Mon cervelet s’étrangla et ma salive se transforma en sciure de bois.

– Bien sûr, tu es très jeune. Mais c’est la même sensation, cette étincelle de l’inoubliable première fois. Ce monde est un monde de ténèbres, Daniel, et la magie une chose rare. Ce livre m’a appris que lire pouvait me faire vivre plus intensément, me rendre la vue que j’avais perdue. Rien que pour ça, ce roman dont personne n’avait cure a changé ma vie.

Pocket, page 41

Dans une Barcelone où le souvenir des guerres est encore palpable, Daniel et son père se rendent au Cimetière des livres oubliés. Pas de concession à la tradition, le jeune garçon repart avec le volume de son choix sous le bras. Il s’agit de L’Ombre du vent de Juliàn Carax – auteur méconnu et oublié qui a suscité et suscite encore pourtant des passions chez ceux qui le connaissent. Débute alors une chasse à la vérité et à l’histoire. Les vies s’imbriquent et se mêlent, témoignant de toujours plus d’amour et de violence, de luttes collectives et de démons individuels.

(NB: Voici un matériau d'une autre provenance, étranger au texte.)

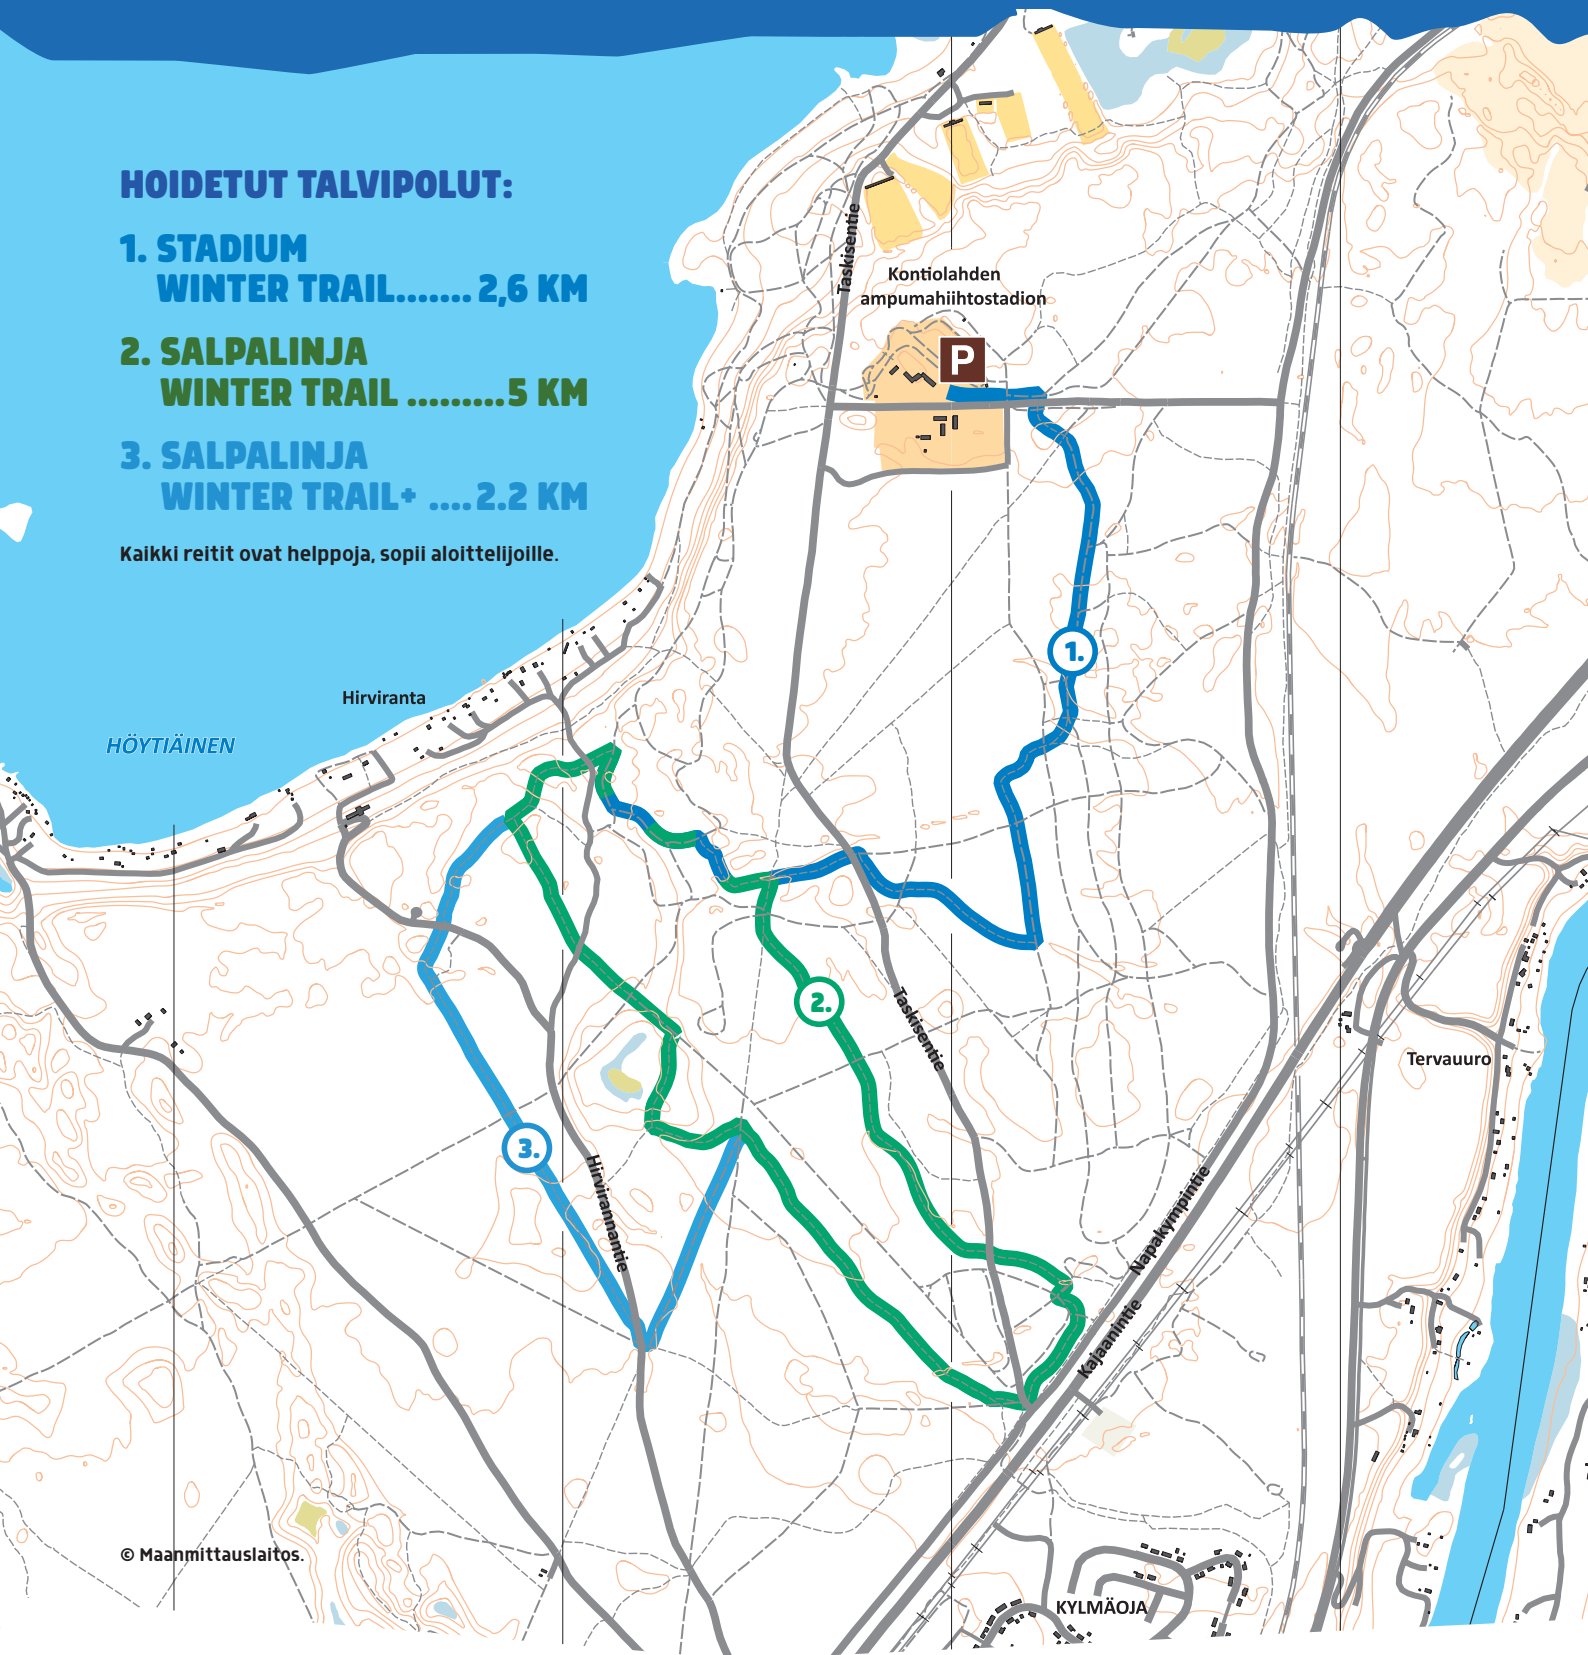

## HOIDETUT TALVIPOLUT:

**1. STADIUM  
WINTER TRAIL..... 2,6 KM**

**2. SALPALINJA  
WINTER TRAIL ..... 5 KM**

**3. SALPALINJA  
WINTER TRAIL+ .... 2.2 KM**

Kaikki reitit ovat helppoja, sopii aloittelijoille.

© Maanmittauslaitos.

**KONTIOLAHTI**
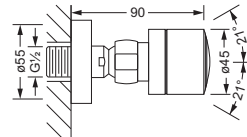

Seitenbrausen

Seitenbrause 1/2"

- Rosette, Wandmontage
- Brausekopf schwenkbar
- Anti-Kalk-System

649.13.550

Seitenbrause 1/2"

- Rosette, Wandmontage
- Brausekopf schwenkbar
- Anti-Kalk-System

649.13.460

Seitenbrause 1/2"

- Rosette, Wandmontage
- Brausekopf schwenkbar
- Metallausführung
- Anti-Kalk-System

649.13.465

Seitenbrause 1/2"

- Ausführung Metall
- Rosette, Wandmontage
- Brausekopf schwenkbar
- 2 Strahlarten
- Anti-Kalk-System
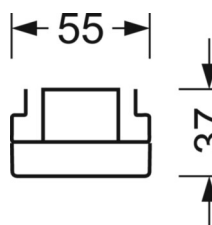

## Оптика

|                                             |                                                   |
|---------------------------------------------|---------------------------------------------------|
| Оснастка                                    | LED, цветопередача/оттенок света CRI ≥ 80 / 6500K |
| Допуск для координаты цветности (MacAdam)   | 3SDCM                                             |
| Фотобиологическая безопасность (светильник) | RG1                                               |
| Номинальный световой поток                  | 9767lm                                            |
| Срок службы LED                             | 50000h L80/B10 (Tq 25°C)                          |
| светоотдача светильников                    | 140lm/W                                           |
| Угол излучения                              | 30° (C0) / 30° (C90)                              |
| UGR поп./вдоль                              | 13.6 / 12.2                                       |

## Механика

|                     |                                               |
|---------------------|-----------------------------------------------|
| цвет корпуса        | белый стандартный для электротехники RAL 9016 |
| размеры (LxWxH/DxH) | 1531mm x 55mm x 37mm                          |
| вес (нетто)         | 1.9kg                                         |
| Вид монтажа         | сборка трековых систем, световая структура    |

## размеры

|   |         |        |
|---|---------|--------|
| L | 1531 mm | Длина  |
| В | 55 mm   | Ширина |
| н | 37 mm   | Высота |
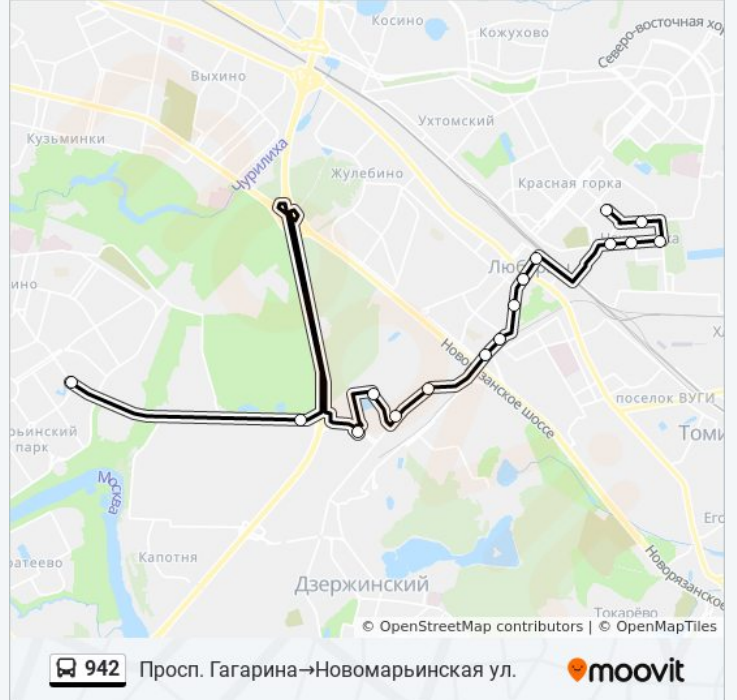

Информация о автобусе 942

Направление: Просп. Гагарина→Новомарьинская ул.

Остановки: 16

Продолжительность поездки: 45 мин

Описание маршрута:

Расписание и схема движения автобуса 942 доступны оффлайн в формате PDF на moovitapp.com. Используйте [приложение Moovit](#), чтобы увидеть время прибытия автобусов в реальном времени, режим работы метро и расписания поездов, а также пошаговые инструкции, как добраться в нужную точку Москвы.
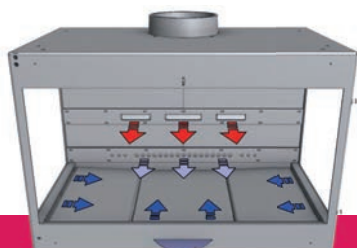

UNE TRIPLE COMBUSTION PARFAITE

- Éligible au crédit d'impôt
- Grâce à nos outils de production performants, le délai de fabrication standard est de 3 semaines avec possibilité d'une option de fabrication en "EXPRESS"

À de nombreuses reprises, j’ai eu l’occasion d’entendre le plus grand bien de cet ouvrage de Carlos Ruiz Zafon. Et comme depuis plusieurs mois le livre me faisait de l’œil depuis les présentoirs, je n’ai pas su résister plus longtemps à la tentation. Et j’ai aimé. C’est un savant mélange d’amour des livres et des êtres, d’intrigue, de personnages hauts en couleurs, d’historicité et d’une ambiance à la fois noire et délicieuse. Parfois peut-être on oscille entre fil blanc et tirage de cheveux, mais cette enquête littéraire prétexte à la quête identitaire, servie par une belle écriture, a su me charmer et me ravir.

Écoutez les premières pages !

 

Découvrez aussi Les Oreilles de Buster de Maria Ernestam et Le Vieux qui lisait des romans d’amour de Luis Sepùlveda.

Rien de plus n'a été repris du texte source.